Supervised learning – input labeled x and y. then give x and calculate probability p(y|x)
generative learning – basically Bayesian idea. forgot about sample and population ..
p(y|x) = p(y, x) / p(x) = p(x|y) * p(y) / sum(P(x, y)) ~ p(x|y) * p(y)
p(y) is the prior distribution of y.
p(x|y) is the probability of x given a y
So if assume a prior y, also p(x|y), which means assuming the distribution of labels and the distribution of input given a label, can get the probability of current observant under each label. Then maximize this. (Does this relate to mle as well?)

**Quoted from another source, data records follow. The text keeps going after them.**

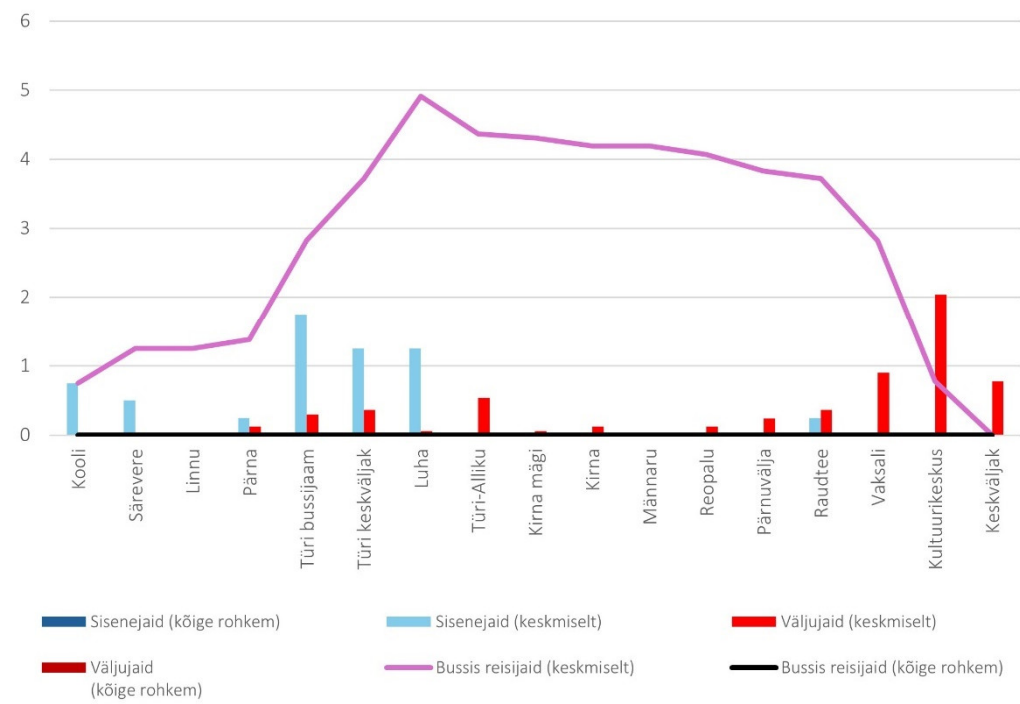

10E 09:10 Särevere - Türi - Paide keskväljak (trip id: 1454199)
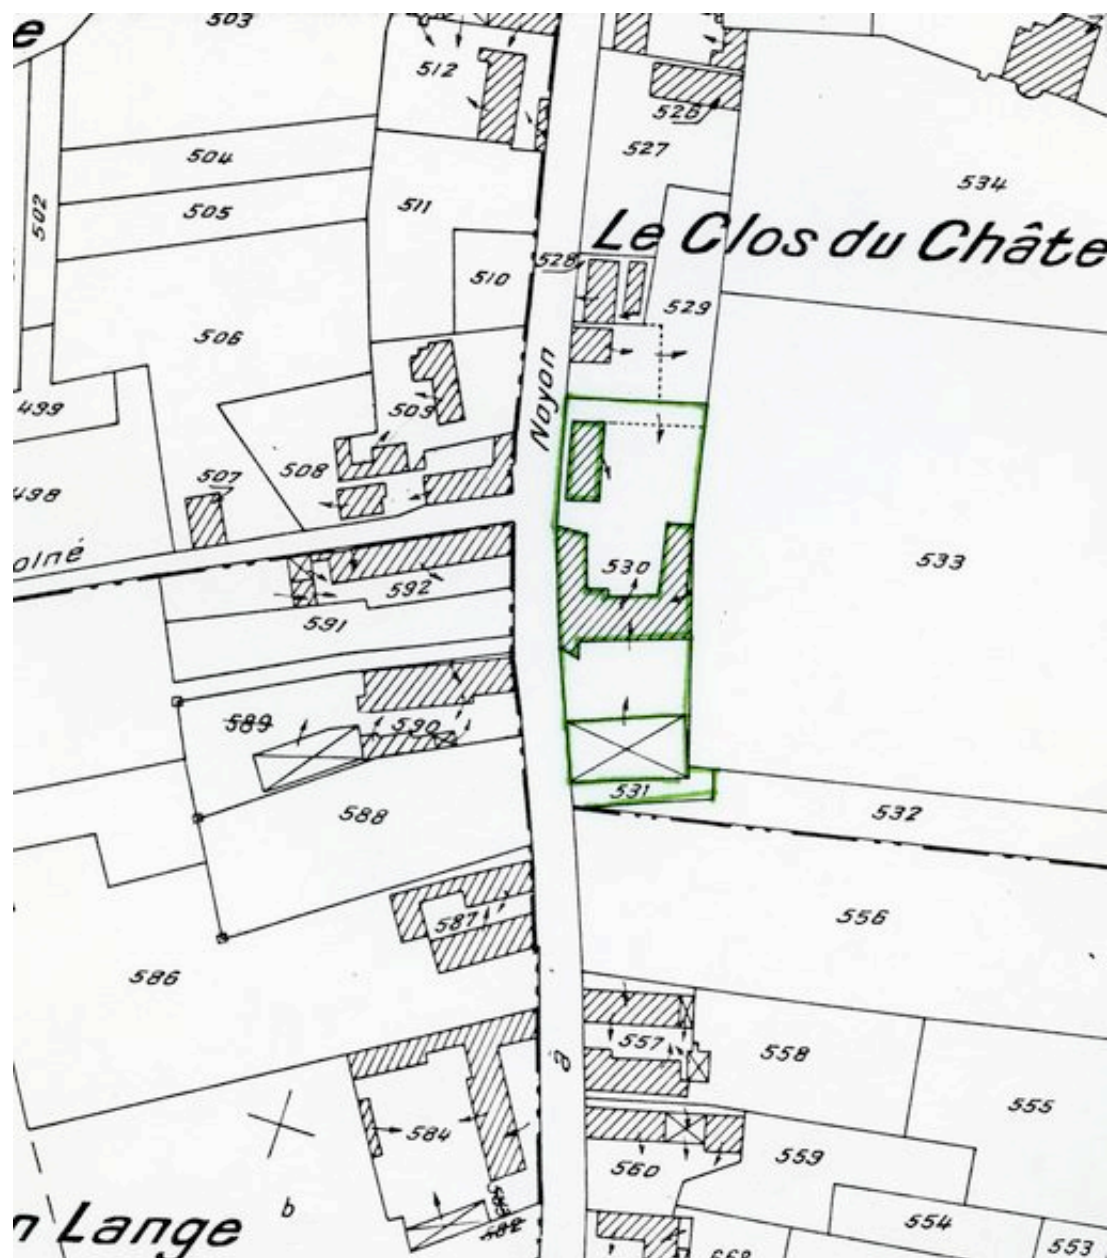

Hauts-de-France, Oise
Béhéricourt
143 rue de Pierre

Ancienne ferme

Références du dossier

Numéro de dossier : IA00049333
Date de l'enquête initiale : 1986
Date(s) de rédaction : 2009
Cadre de l'étude : inventaire topographique canton de Noyon
Degré d'étude : étudié

Désignation

Dénomination : ferme
Destinations successives : maison
Parties constituantes non étudiées : étable, remise, grange, hangar agricole

Compléments de localisation

Milieu d'implantation : en village
Références cadastrales : 1975. D2 530, 531

Plan de situation. Extrait
du plan cadastral de 1975,
section D2 530 et 531.

Repro. Monnehay-Vulliet Marie-
Laure , Autr. Michel Hérold
IVR22_20096000040NUCA

Dossiers liés

Dossiers de synthèse :

Le canton de Noyon : le territoire de la commune de Béhéricourt (IA60000320) Hauts-de-France, Oise, Béhéricourt

Plan de situation. Extrait du plan cadastral de 1975, section D2 530 et 531.

IVR22_20096000040NUCA

Auteur de l'illustration (reproduction) : Monnehay-Vulliet Marie-Laure

Auteur du document reproduit : Michel Hérold
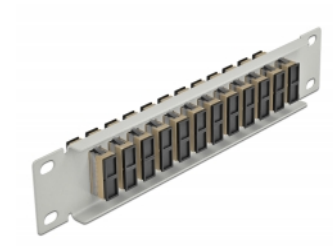

Delock 10" optička Patch ploča 12 ulaza SC Duplex bež 1U siv

Opis

Ova Patch ploča tvrtke Delock opremljena je s dvanaest SC Duplex optičkih vlaknastih spreznika te je prikladna za ugradnju u 10" mrežno kućište. Sa SC Duplex sprežnicima, vlaknasti optički muški spojnici mogu se lako međusobno spojiti.

Predmet br. 66793

EAN: 4043619667932

Zemlja podrijetla: China

Pakiranje: Kutija

Tehnički podaci

- Priključak:
 - 12 x SC Duplex ženski >
 - 12 x SC Duplex ženski
- Za vlakna za više načina rada OM1 / OM2
- Keramički rukavac
- S poklopcem za prašinu
- Boja: bež
- Za ugradnju u 10" mrežno kućište, 1U
- 12 ulaza sa SC Duplex sprežnicima
- Materijal kućišta: metalna
- Kućište boja: siv
- Mjere (DxŠxV): oko 254 x 44 x 10 mm

Sadržaj pakiranja

- 10" optička Patch ploča

Slike

Interface

Priključak 1:	12 x SC Duplex ženski
Priključak 2:	12 x SC Duplex ženski

Physical characteristics

Kućište boja:	siv
Materijal kućišta:	metal
Duljina:	254 mm
Width:	44 mm
Height:	10 mm
Boja:	bež
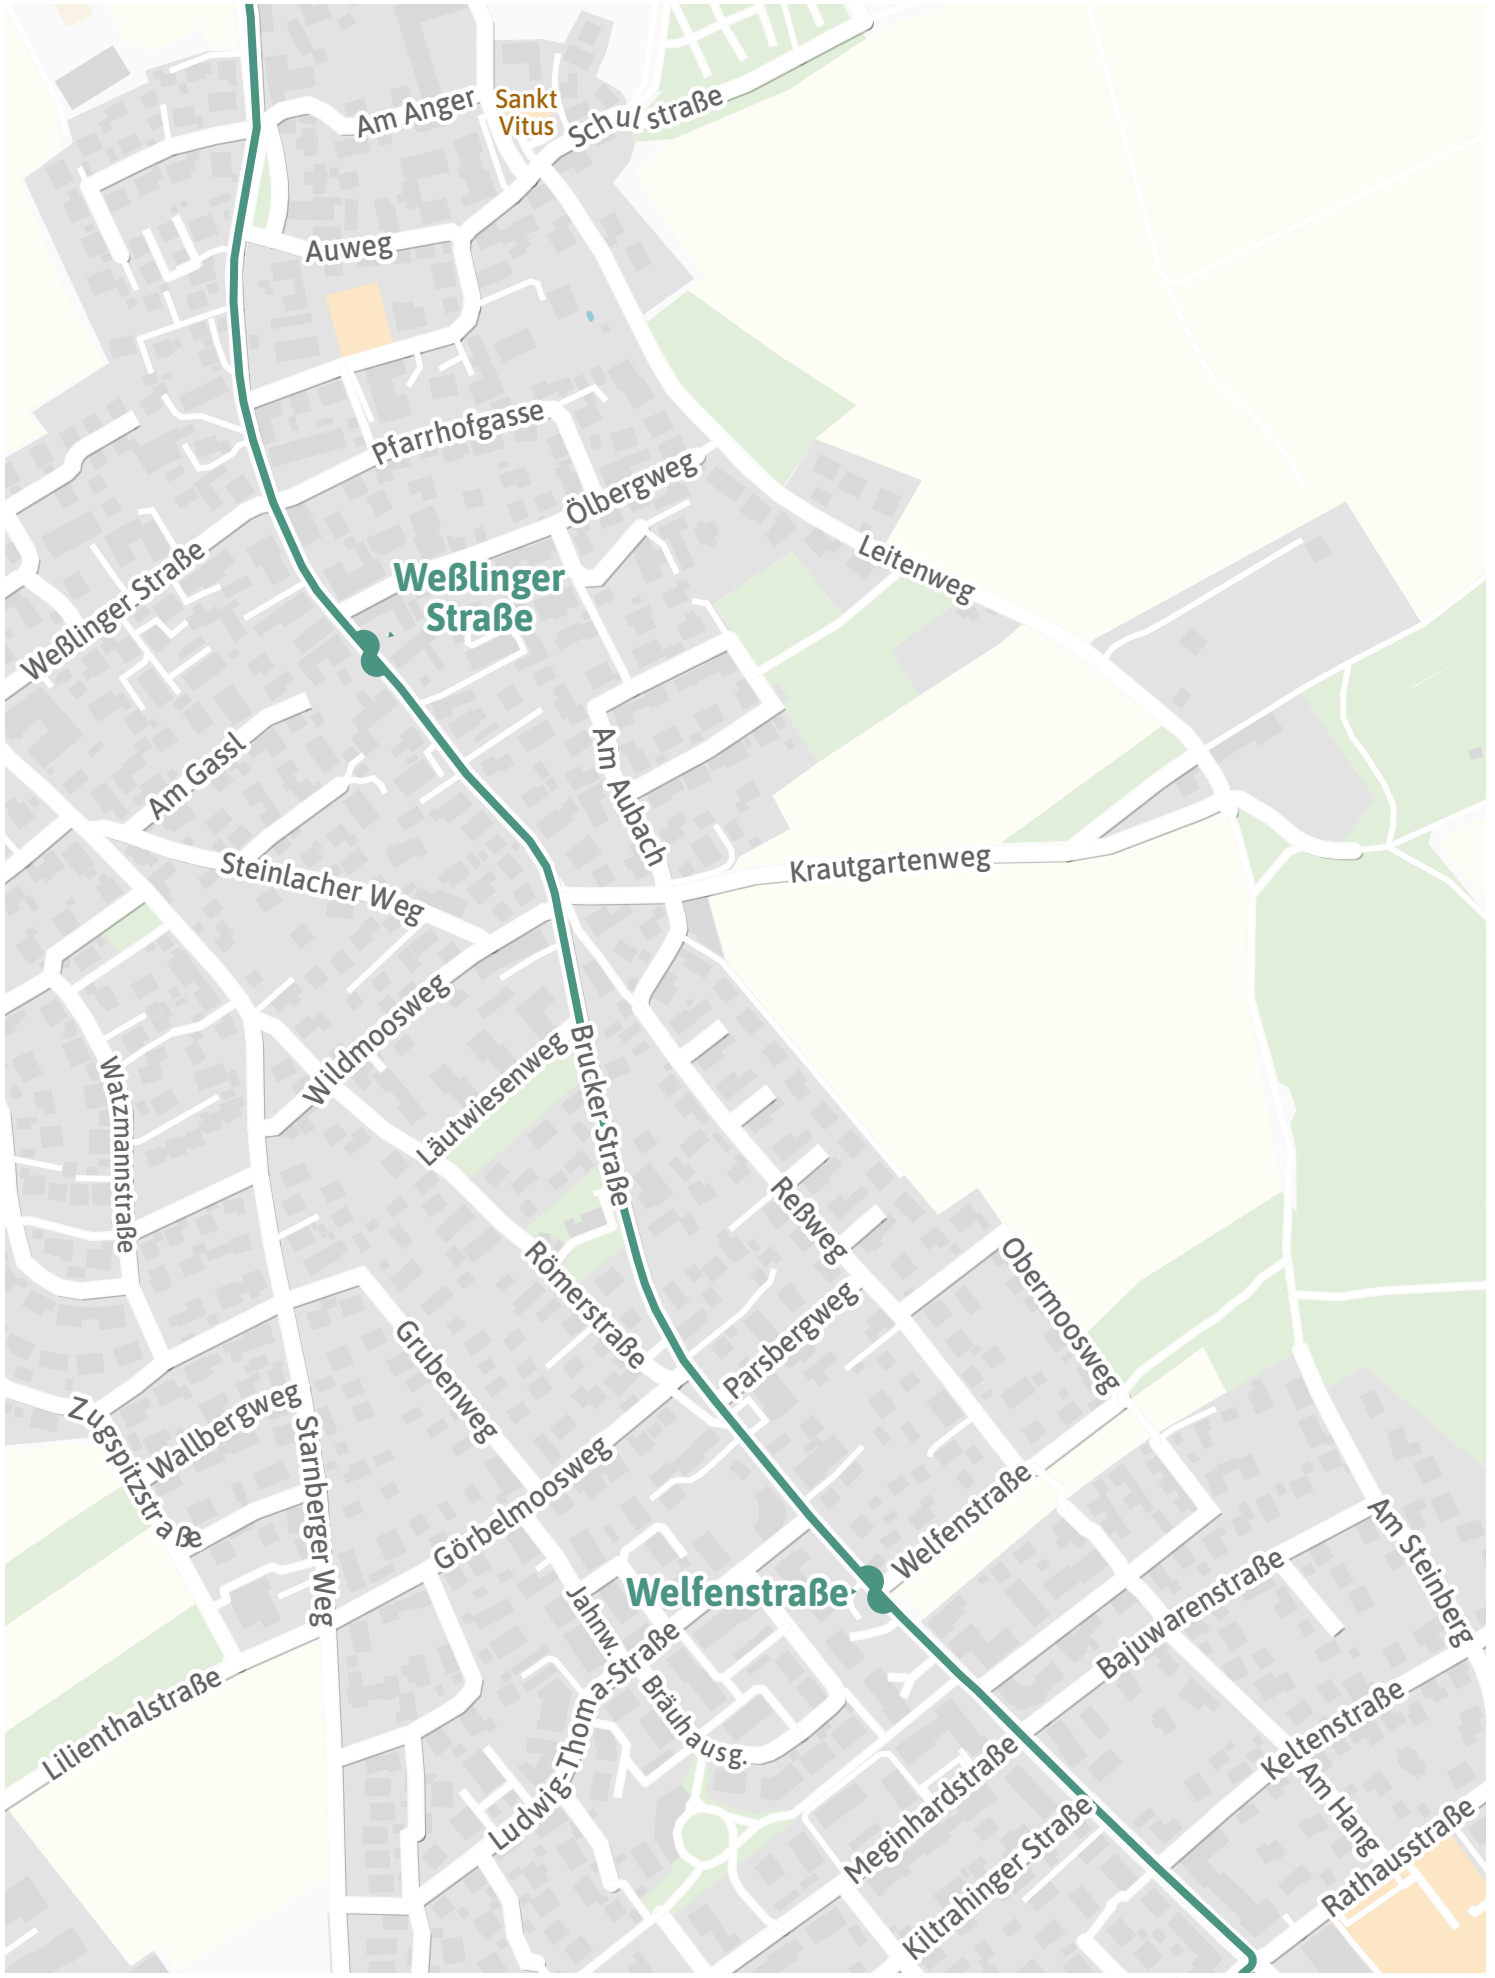

Verlauf der Linie X900

Verlauf der Linie X900

Verlauf der Linie X900

Verlauf der Linie X900

Kleingartenverein
Amperstadt
Fürstenfeldbruck e.V.

125 m 250 m 375 m 500 m

Verlauf der Linie X900

Verlauf der Linie X900

Verlauf der Linie X900

125 m 250 m 375 m 500 m

Verlauf der Linie X900

125 m 250 m 375 m 500 m

Kartengrundlage: OpenStreetMap-Mitwirkende
Gestaltung: MVV GmbH | Liniestand: 2024

Verlauf der Linie X900

Verlauf der Linie X900

Verlauf der Linie X900

Verlauf der Linie X900

Verlauf der Linie X900

Verlauf der Linie X900

125 m 250 m 375 m 500 m

Verlauf der Linie X900

Verlauf der Linie X900

Unterbrunner Holz

St 2069

125 m 250 m 375 m 500 m

Verlauf der Linie X900

Verlauf der Linie X900

Oberwieser Straße

St. 2069

125 m 250 m 375 m 500 m

Verlauf der Linie X900

Gaussian Discriminant Analysis Model
x is continuous real valued vectors
The prior for y is Bernoulli(phi)
x|y=0 ~ multivariate Gaussian with mean mu0 and cov sigma
x|y=0 ~ multivariate Gaussian with mean mu1 and cov sigma — same sigma!!
GDA and logistic regression :
if p(x|y) is a multivariate gaussian then p(y|x) follows a logistic function.
Q: GDA is a generative algo, while logistic regression is a discriminate algo. When use one over the other?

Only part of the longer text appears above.